The Chief of the Defence Staff in the preparation of naval operations, planning, programming and the motion application of cohesiveness in consolidating future military means
Well before the First World War, the Chief of Staff of the French Navy was at first handthe Military Cabinet Chief of the Minister of the Navy. This mode of functioning was at origin the main utilization designation of the military figure which had effective authority on the French Navy, and referred to the admiral who commanded the armed naval force, often designated as amiralissime, in reference to the title of « généralissime » used in the French Army.
During World War I
The First World War replaced all these functionalities in cause, with major incorporation of various tasks in order to conduct a long term industrialnaval warfare in light of disposing and having the means to confront new menaces, mainly constituted by submarine warfare and mine explosions: in accordance, another sort of twin identical general staff headquarters directorate was created and designated as Directorate General of Submarine Warfare with an action domain often described as redundant, a constituted redundancy which naturally led to the dissolving of the DGGSM, at the end of World War I and the transfer of the various associated attribution prerogatives to the various bureaux of the General Staff of the Navy. In order to dispose of an effective permanent system allowing the uniform façade transition shiftings between times of peace - preparation periods - and times of war - action periods -, the Chief of Staff became, in the early years of 1920s, the designated Commandant of the French Naval Forces in case of war, and the various work functionalities of the General Staff would be in such circumstances at the disposition of the Major General of the French Navy, a Vice-Admiral and his first deputy in times of peace.

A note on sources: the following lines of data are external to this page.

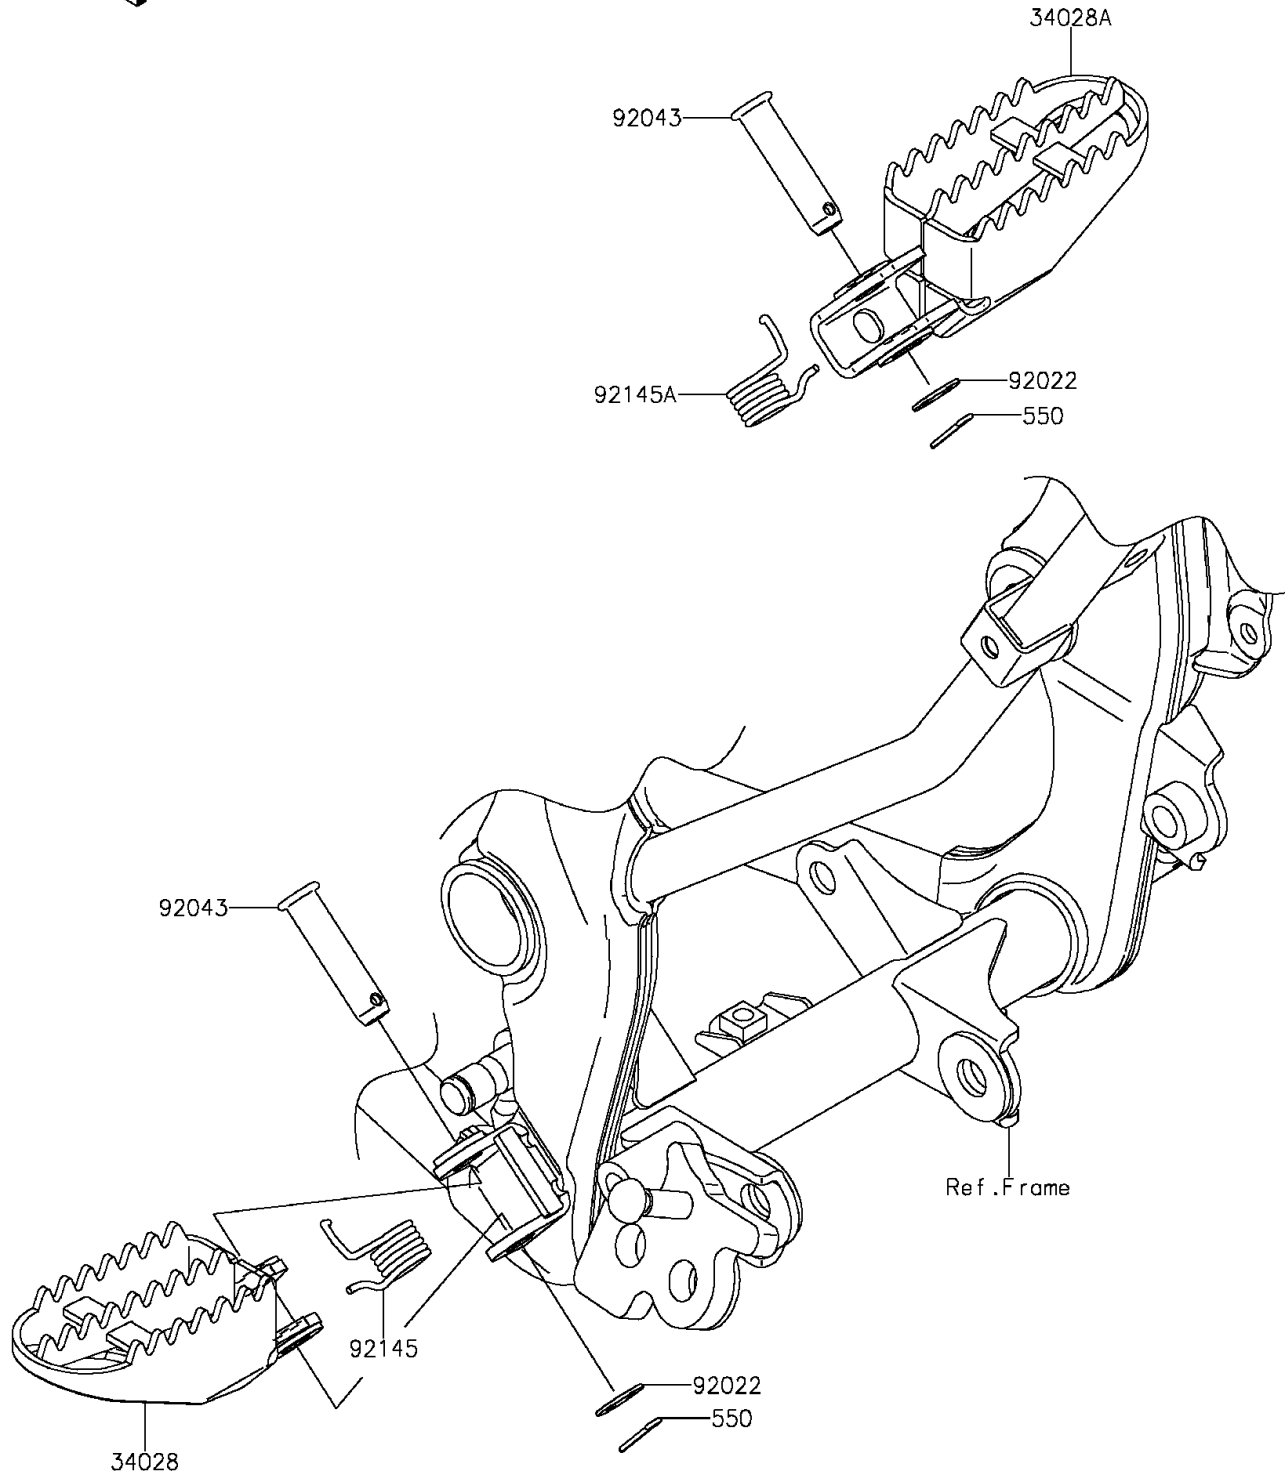

2012 KLX®140L PARTS DIAGRAM

Footrests

F2160

2012 KLX®140L PARTS LIST

Footrests

ITEM NAME	PART NUMBER	QUANTITY
PIN-COTTER,3.0X20 (Ref # 550)	550S3020	2
STEP,LH,P.SILVER (Ref # 34028)	34028-0077-458	1
STEP,RH,P.SILVER (Ref # 34028A)	34028-0078-458	1
WASHER,10.2X16X1 (Ref # 92022)	92022-1829	2
PIN,10X37.5 (Ref # 92043)	92043-1643	2
SPRING,STEP,LH (Ref # 92145)	92145-0601	1
SPRING,STEP,RH (Ref # 92145A)	92145-0602	1

After World War II, the progressive disappearing of the Ministry of the Navy led to confine a part of the prerogatives of the Naval Minister to the Chief of Staff, a part of the prerogatives which were in a progressive manner adopted at the Joint level by the Defence Staff and its Chief. This Chief accordingly inherited the direction responsibility of naval and maritime operations from the Chief of Staff of the Navy in 1971, while the French Army and French Air Force had their combat authority direction responsibility of operations transferred to the Chief of the Defence Staff ten years earlier in 1961. In the early 2000s, a large part of these organic prerogatives - forces preparations - were transferred to Chief of the Defence Staff, however the Chief of Staff of the Navy remains the principal counselor and adviser in relation to the preparation of use of the French Navy.